Peerless Whisper
Published 1 year, 8 months pastWhat happened was, I was hanging out in an online chatter channel when a little birdy named Bruce chirped about OpenAI’s Whisper and how he was using it to transcribe audio. And I thought, Hey, I have audio that needs to be transcribed. Brucie Bird also mentioned it would output text, SRT, and WebVTT formats, and I thought, Hey, I have videos I’ll need to upload with transcription to YouTube! And then he said you could run it from the command line, and I thought, Hey, I have a command line!
So off I went to install it and try it out, and immediately ran smack into some hurdles I thought I’d document here in case someone else has similar problems. All of this took place on my M2 MacBook Pro, though I believe most of the below should be relevant to anyone trying to do this at the command line.
The first thing I did was what the GitHub repository’s README recommended, which is:
$ pip install -U openai-whisper
That failed because I didn’t have pip
installed. Okay, fair enough. I figured out how to install that, setting up an alias of python
for python3
along the way, and then tried again. This time, the install started and then bombed out:
Collecting openai-whisper
Using cached openai-whisper-20230314.tar.gz (792 kB)
Installing build dependencies ... done
Getting requirements to build wheel ... done
Preparing metadata (pyproject.toml) ... done
Collecting numba
Using cached numba-0.56.4.tar.gz (2.4 MB)
Preparing metadata (setup.py) ... error
error: subprocess-exited-with-error
…followed by some stack trace stuff, none of which was really useful until ten or so lines down, where I found:
RuntimeError: Cannot install on Python version 3.11.2; only versions >=3.7,<3.11 are supported.
In other words, the version of Python I have installed is too modern to run AI. What a world.
I DuckDucked around a bit and hit upon pyenv
, which is I guess a way of installing and running older versions of Python without having to overwrite whatever version(s) you already have. I’ll skip over the error part of my trial-and-error process and give you the commands that made it all work:
$ brew install pyenv
$ pyenv install 3.10
$ PATH="~/.pyenv/shims:${PATH}"
$ pyenv local 3.10
$ pip install -U openai-whisper
That got Whisper to install. It didn’t take very long.

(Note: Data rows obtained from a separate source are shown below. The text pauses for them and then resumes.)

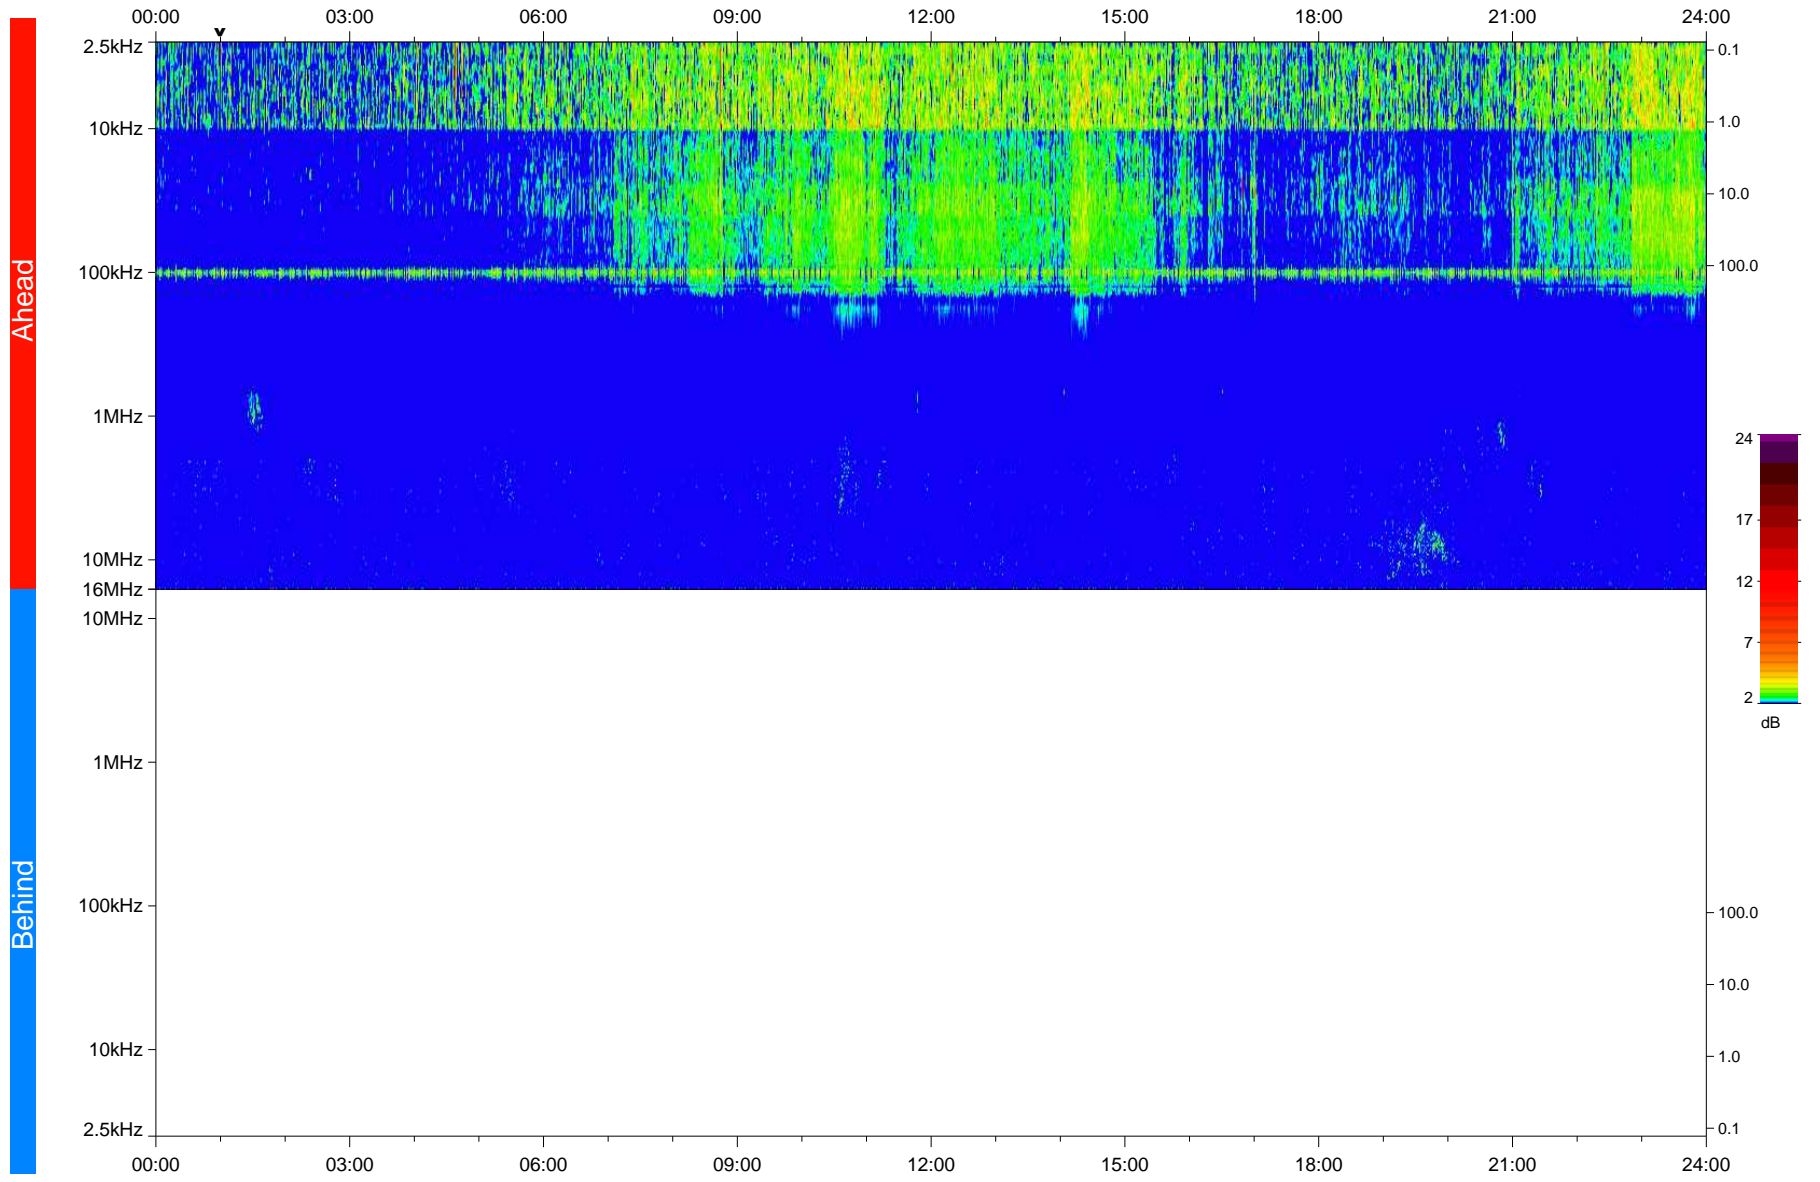

# STEREO/WAVES Daily Summary - 02-Jan-2018 (DOY 002)

Ahead source file: swaves\_ahead\_2018\_002\_1\_05.fin  
Ahead PSE Angle: -122.2°

Behind PSE Angle: 125.2°  
Behind source file: No STEREO-B data

Time (UTC)

file: stereo\_swaves\_daily-summary\_color\_20180102\_v04  
made by: space.umn.edu on macOS with IDL 8.8.2 on 2022-10-06 07:30:13, with TLib V945 / dynspec V311
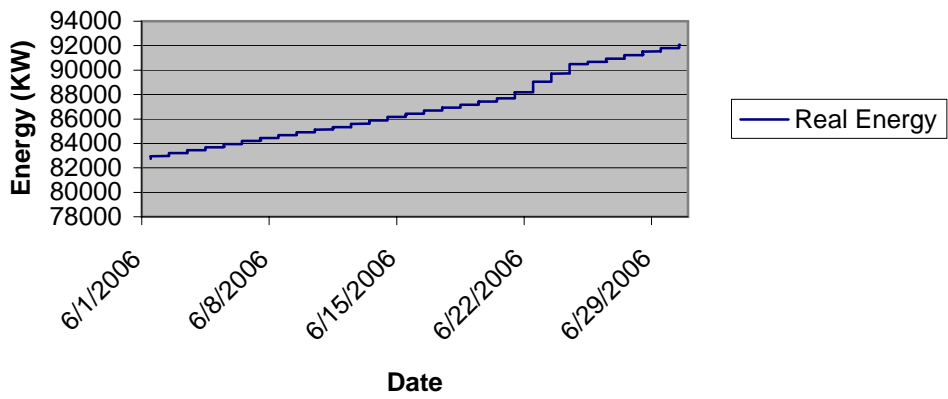

Real Energy Use- 208v - September 05

Real Energy Use - 208v - October

Real Energy Use - 208V - November

Real Energy Use - 208V - December

Real Energy Use - 208V - January

Real Energy Use - 208V - February

Real Energy Use - 208V - March

Real Energy Use - 208V = April

Real Energy Use - 208V - May

Real Energy Use - 208V - June

Real Energy Use - 208V - July

Real Energy Use - 208V - August

Real Energy Use - 208v - September 06
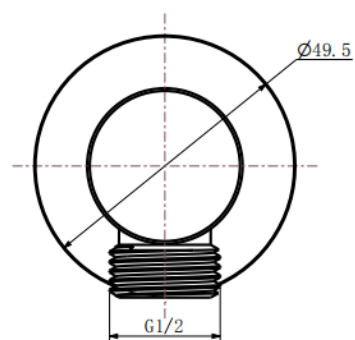

SHO092OE- Round Shower Outlet Elbow**BAR CODE: 5055681401740****COLOUR: CHROME****WEIGHT:****NET 0.21 kg****GROSS 0.24 kg****BOX SIZE 130X70X55**
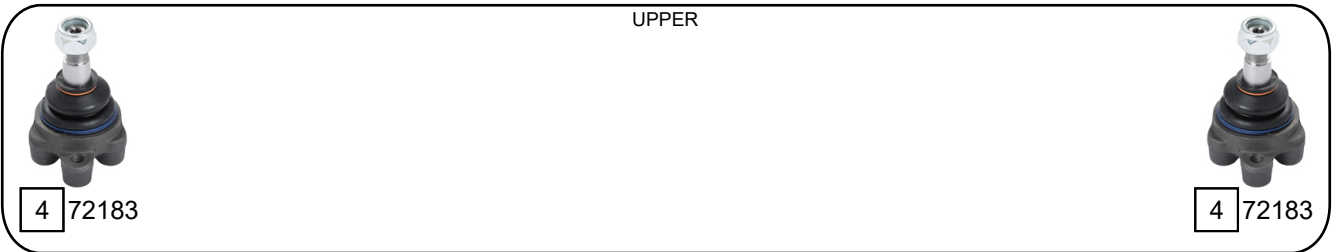

L400 / SPACE GEAR 4X4 (PD\_V, PD\_W)

06/1994 - 04/2007

Ref.	Sidem Ref.	Description	OE-number	Measures	Ref.	Sidem Ref.	Description	OE-number	Measures
1	871808	stabiliser mounting	MR150095	di:29	5	72286	ball joint lower left	MR208663	c:19.5
2	71267	stabiliser link	MR267874	L:65	6	72287	ball joint lower right	MR208664	c:19.5
3	71037	tie rod end	MR162710	c:13.8 th:FM14X1.5R	7	87163	stabiliser link rear axle	MR267875	L:117
4	72183	ball joint upper	MB527350	c:17.6	8	871904	stabiliser mounting	MR267684	di:22
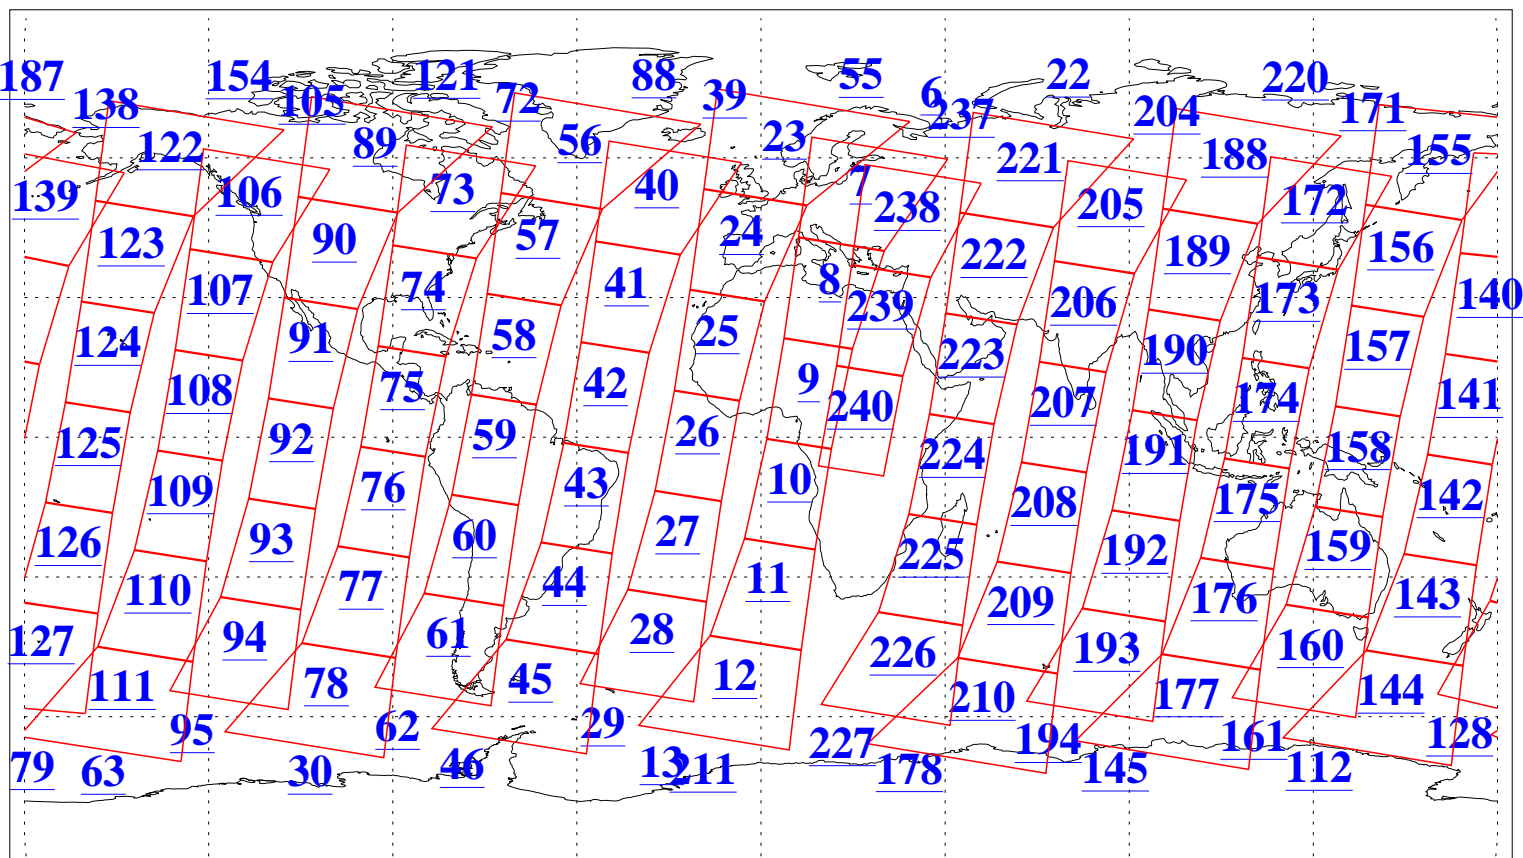

L1B Availability  
AMSU Granules: 240  
HSB Granules: 0  
AIRS Granules: 240

6 Apr 2010  
DoY 96  
Aqua Day 2894  
Granules: 1 to 120

Granules: 121 to 240

Legend: AMSU Available, HSB Available, AIRS Available

L1B Availability  
AMSU Granules: 240  
HSB Granules: 0  
AIRS Granules: 240

6 Apr 2010  
DoY 96  
Aqua Day 2894

Ascending Granules

Descending Granules

Legend: AMSU Available, HSB Available, AIRS Available

L1B Availability  
 AMSU Granules: 240  
 HSB Granules: 0  
 AIRS Granules: 240

6 Apr 2010  
 DoY 96  
 Aqua Day 2894

Northern Hemisphere Granules

Southern Hemisphere Granules

Legend: AMSU Available, HSB Available, AIRS Available

At that point, I wondered what I’d have to configure to transcribe something, and the answer turned out to be precisely zilch. Once the install was done, I dropped into the directory containing my MP4 video, and typed this:
$ whisper wpe-mse-eme-v2.mp4
Here’s what I got back. I’ve marked the very few errors.
[00:00.000 --> 00:07.000] In this video, we'll show you several demos showcasing multi-media capabilities in WPE WebKit, [00:07.000 --> 00:11.000] the official port of the WebKit engine for embedded devices. [00:11.000 --> 00:18.000] Each of these demos are running on the low-powered Raspberry Pi 3 seen in the lower right-hand side of the screen here. [00:18.000 --> 00:25.000] Infotainment systems and media players often need to consume digital rights-managed videos. [00:25.000 --> 00:32.000] They tell me, is Michael coming out? Affirmative, Mike's coming out. [00:32.000 --> 00:45.000] Here you can see just that, smooth streaming playback using encrypted media extensions, or EME, with PlayReady 4. [00:45.000 --> 00:52.000] Media source extensions, or MSE, are used by many players for greater control over playback. [00:52.000 --> 01:00.000] YouTube TV has a whole conformance test suite for this, which WPE has been passing since 2021. [01:00.000 --> 01:09.000] The loan exceptions here are those tests requiring hardware support not available on the Raspberry Pi 4, but available for other platforms. [01:09.000 --> 01:16.000] YouTube TV has a conformance test for EME, which WPE WebKit passes with flying colors. [01:22.000 --> 01:40.000] Music [01:40.000 --> 01:45.000] Finally, perhaps most impressively, we can put all these things together. [01:45.000 --> 01:56.000] Here is the dash.js player using MSE, running in a page, and using Widevine DRM to decrypt and play rights-managed video with EME all fluidly. [01:56.000 --> 02:04.000] Music [02:04.000 --> 02:09.000] Remember, all of this is being played back on the same low-powered Raspberry Pi 3. [02:27.000 --> 02:34.000] For more about WPE WebKit, please visit WPE WebKit.com. [02:34.000 --> 02:42.000] For more information about EGALIA, or to find out how we can help with your embedded device needs, please visit us at EGALIA.com.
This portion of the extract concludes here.